The hair follicle and sebaceous glands regularly undergo dynamic remodelling in a cyclical way involving tightly coordinated patterns of cell multiplication, differentiation and death of cells. Sebaceous glands are gathered near a hair follicle, into which they discharge their secretion - sebum.

Their short duct is lined by stratified squamous epithelium. Sebum is formed by the total breakdown of the cells and may lubricate the hair shaft, protect the skin from drying and moisture, and avoid microbial infection.

View on the Cause of Acne is Changing

Ongoing research is changing the classical view of acne as caused by Propionibacterium acnes bacteria to a perception of acne as an inflammatory disorder. In this view androgens, hormone receptors, regulatory neuropeptides, and environmental factors are portrayed being factors able to interfere with the biological cyclical dynamic breakdown of devitalized cells into sebum inside the sebaceous follicles. Interruption of discharge of sebum to the surface of skin leads to obstruction of the ducts (microcomedones) and then bigger comedones that become inflammatory lesions.

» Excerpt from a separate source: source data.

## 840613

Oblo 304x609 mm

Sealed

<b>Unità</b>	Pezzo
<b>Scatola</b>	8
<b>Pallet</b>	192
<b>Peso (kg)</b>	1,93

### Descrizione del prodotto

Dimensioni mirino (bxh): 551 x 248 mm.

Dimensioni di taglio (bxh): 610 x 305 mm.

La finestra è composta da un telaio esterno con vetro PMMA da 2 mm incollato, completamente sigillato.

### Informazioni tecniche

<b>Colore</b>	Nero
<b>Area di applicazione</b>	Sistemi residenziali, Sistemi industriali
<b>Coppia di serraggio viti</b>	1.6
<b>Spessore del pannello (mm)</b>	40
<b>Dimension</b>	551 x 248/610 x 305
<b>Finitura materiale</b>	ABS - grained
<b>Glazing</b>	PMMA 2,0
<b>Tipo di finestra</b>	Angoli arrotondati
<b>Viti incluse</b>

The acne inflammation goes through certain stages. Pro-inflammatory lipids, chemokines (substances produced by cells at the site of damage or infection which originate intracellular signals which stimulate cell motion, and cytokines (cell-produced proteins that modify the expression of growth factors as well as migration of white blood cells to an injured site and fibroblast proliferation), seem to work as mediators for the appearance of acne lesions. Propionibacterium acnes is not originally related but may mediate later inflammatory events leading to worsening of the lesions.

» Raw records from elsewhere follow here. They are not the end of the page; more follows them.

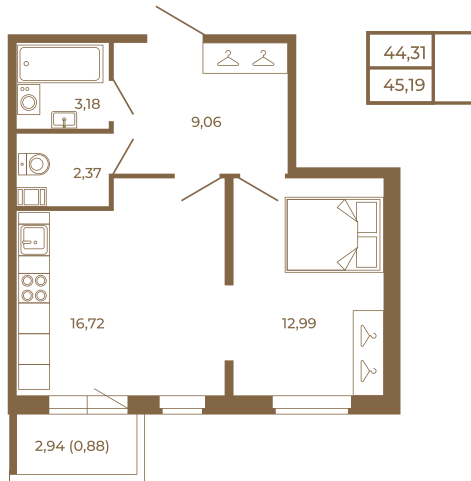

## Евродвушка-трансформер с видом на лес

План квартиры с мебелью

План квартиры без мебели

Расположение квартиры на этаже

Адрес дома:

Россия, Ленинградская область, Всеволожский район, Сертолово, микрорайон Чёрная Речка

Площадь, кв.м. **45.19**

Жилая, кв.м. **12.8**

Корпус **12**

Этаж **4**

Стоимость:

**8 586 100 руб.**

(812) 335-0-214

Immune System Affects Acne

Variation in the innate immunity of the skin predisposes to acne breakouts. Some people have higher levels of constitutive, natural immunity in the skin and some may also have a much stronger reaction to external stimuli, and that depends vaguely on genetic factors related to excessive androgen activity in puberty, that trigger sterile inflammatory phenomena.

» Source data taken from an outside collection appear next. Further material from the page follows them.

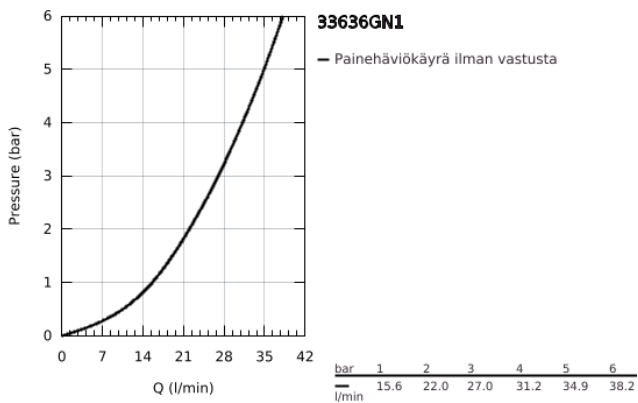

### TUOTESELOSTE

- Colour: Brushed Cool Sunrise
- Seinäasennus
- Metallikahva
- GROHE SilkMove 35 mm:n keraaminen säätöosa
- Lämpötilarajoin
- GROHE LongLife -viimeistely
- Suihkuliitäntä 1/2"
- Integroitu takaiskuventtiili
- Epäkeskoliittimet
- Varustettu takaiskuventtiilillä
- Vähimmäispaine 1,0 baaria

Acne is initiated by an inflammatory signal to the neural system without involvement of bacteria in its initiation. During puberty sebum production is exacerbated and the first load of sebum through the previously empty duct might originate forces of sufficient magnitude that injure the pilosebaceous gland. The body reacts with the release of inflammatory molecules to promote cell division and quickly recover the lining of the inner surface of the ducts.

Causes of Acne Lesions

At the same time, the sebum in the distal orifice of the sebaceous gland duct and/or the hair follicle leads to the creation of a dry "plug" (comedone) which obstructs the continued flow of sebum. On contact with oxygen, the comedone turns dark forming what is commonly referred to as a black head. The water content of the comedone is eliminated by evaporation and osmosis into the adjacent horny layer (keratin) of the upper epidermis resulting in a hardening of the comedone, starting at the external surface. The comedone may become attached to the keratin and thus "moored" to nearby elements of the skin. The comedone becomes modified chemically, as well as physically, thus becoming an element which is foreign to the body. This status of "foreignness" provokes a further inflammatory response, including immune activities and other responses of several defense systems, particularly those related to granulocytes and macrophages.